Another group of the population that depression is prevalent in is adolescents. Hendricks et. al states in their essay that “currently, depression is a significant problem for approximately 30% of the adolescent population, and one in five individuals report a minimum of one episode of major depression by the age of 18” (1999). Adolescents are also some of the biggest consumers of music (Have you ever walked by a teenager without their earbuds in? Me either). If that is the case, then why wouldn’t it make sense that music could be a successful treatment for adolescent depression? Hendricks et. al. continue to say that “The association between music and elevated or depressed mood (Straseske, 1989) suggests that music would be an effective technique in therapeutic interventions” and “Bradford (1991) found that using music made traditional forms of psychotherapy more effective and decreased depression levels more effectively than therapy only” (1999). However, even though there is enough evidence that music therapy would be successful treatment for adolescent depression, there is just not enough research done on the topic to conclude that this would be so (Hendricks et. al, 1999). Despite this, the heavy basis of music in an adolescent’s life and the studies done on adults in the area may be just enough to convince teenagers suffering from depression to try music therapy as a treatment for their depression.
The elderly is another group which may benefit substantially from using music therapy as a treatment for depression and anxiety. Karen Eells says in her essay on the subject, “Older adults are vulnerable to a wide range of mental health problems including depression, anxiety,
delirium, dementia, schizophrenia, bipolar disorder and drug and alcohol misuse (Ryan and Coughlan 2011). Wolitzky-Taylor et al (2010) report that depression causes the greatest proportion of mental illness in older adults, followed by anxiety and anxiety disorders” (2014).

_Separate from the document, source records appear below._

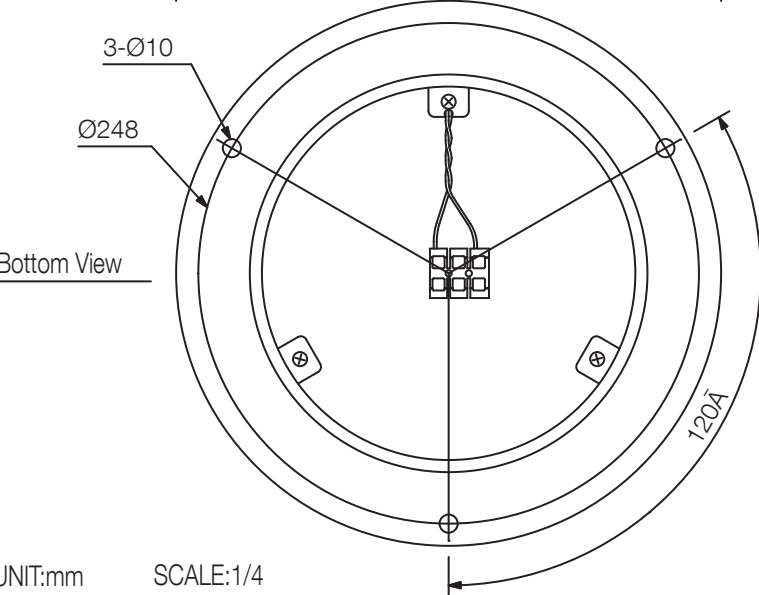

The Garden Speakers inconspicuous design enables it to be easily installed in the middle of garden shrubbery and virtually disappear into the surroundings.

Order no: GS-302 EU

## Specifications

Frequency response	100 Hz - 8 kHz
Connection	Push-in terminal
Sensitivity (1#V, 1#m) (combined)	87 dB
Speaker component	12 cm splash proof cone-type
Rated input	30 W
Tappings	30 / 15 / 10 / 5 / 3 W (100 V), 15 / 7.5 / 5 / 2.5 / 1.5 W (70 V)
Rated impedance	100 V, 70 V
Weight	2,4 kg
Certificates	IPX4, Ease
Dimensions (W x H x D)	x 335
Dimensions (ø x D)	270
Gross weight	3,55 kg
Finish	FRP resin, black (RAL 9011 or equivalent)

Appearance

UNIT:mm SCALE:1/4

Wiring Diagram
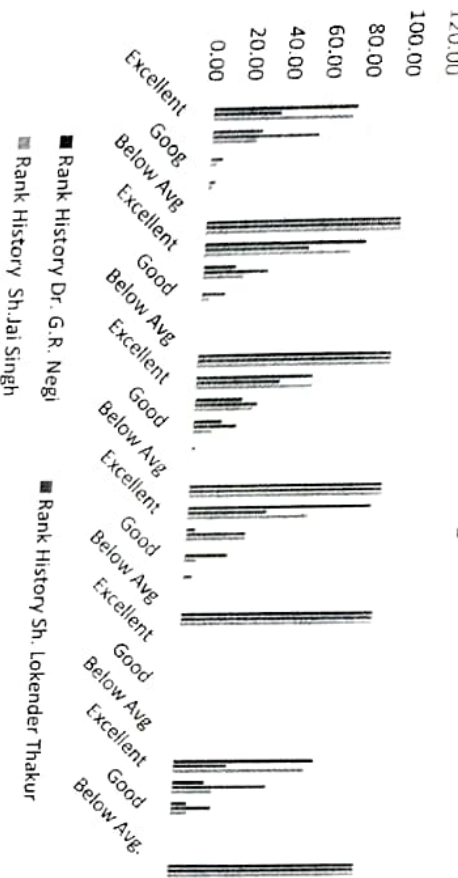

Chart Title

Chart Title

Chart Title

Principal
G.B. Pant Memorial
Govt. College Rampur
Distt. Shimla (H.P.) - 177

Chart Title

Rank Physical Education Sh. Vidya Bandhu Negi

Principal
 G.B. Pant Memorial
 Govt. College Rampur Bsr.
 Distt. Shimla (H. P.) - 172001

It is reasonable to think that someone who is struggling with losing their autonomy and their memories would fall into a deep depression. Older adults are also less likely to want to engage in medication or psychotherapy; Eels confirms this by saying, “Older adults themselves appear to favour alternative treatment options, and are quick to appreciate the therapeutic benefits of the arts, and of music and singing particularly, even if their hearing is impaired. This may be related to the well-established therapeutic benefits of music, with strong links between music and emotions” (2014). Her essay examines music therapy as a possible treatment for anxiety and depression for the elderly and senile of all types and causes, including dementia. Even Audun Myskia and Pål G. Nord note in their article for the Nordic Journal of Music Therapy that while antidepressant medications are the primary treatment for depression, it can be a real challenge to administer these medications to the elderly because of the high level of side effects, dangerous drug interactions, and the fact that side effects seem to plague the elderly more commonly than younger adults taking the same medication (2008). Eells goes on to say that both singing and just listening to music have been shown in studies to alleviate anxious thoughts and behavior in people with dementia (2014). Similarly, de la Rubia et. al say in their study that “after music therapy, the levels of cortisol [the stress hormone] decrease” in saliva samples taken from Alzheimer’s patients who suffered from anxiety and depression (2018). The facts listed above are indicative that music therapy may be a good treatment for elderly individuals suffering from anxiety, depression, and other mental health disorders.
Not only could music therapy be a helpful treatment for depression in regular adults, teenagers, and the elderly, but it could also be a successful distraction from pain and enhance the moods of those who are undergoing hospitalization for various ailments. Feifei et. al explains in their pilot study that, “Upon being admitted to the hospital, people are separated from many of the comforts of home, including their pets and a favorite chair. Some also are disconnected from their music. We hypothesized that a music medicine intervention that brings the patients’ favorite songs into their hospital rooms would make patients feel better” (2018). I know for me, a chronic pain patient and sufferer of chronic illness, that sometimes, medication does not always work to relieve my pain, and I understand how miserable extended (or even brief) hospital stays can be. Music is one thing that truly allows me to escape from my pain and my diagnoses and allows me to, just for a little while, be a normal teenager again. Music’s power of distraction is so powerful that even my psychologist suggests using music as means of distraction from my pain before I gravitate toward medication-based therapy. Because it works so well for me, I could see how it could enhance mood and distract hospitalized patients from their pain. Feifei et. al continues to explain their experiment by saying, “Patients listened uninterrupted to their favorite song(s) using noise-cancelling headphones. We reassessed mood and pain immediately after the listening session. Spontaneous comments were recorded from patients during and after the session” and “Our study appears to be unique in asking patients to choose their favorite songs from an Internet-based library. It is believed that expressing personal preference and making a selection play a role in the efficacy of music as a catalyst for pain relief” (2018). This shows that the patients listening to their own chosen songs, as was done in the experiment, provided the pain relief and enhanced mood that was noted in the results of the experiment. If music therapy is able to distract from pain and enhance mood in hospitalized patients who are more often than not suffering from some type of anxiety or depressed mood (illness can do this to you—I know), then surely it could be able to do the same in physically healthy people suffering from anxiety and depression as well.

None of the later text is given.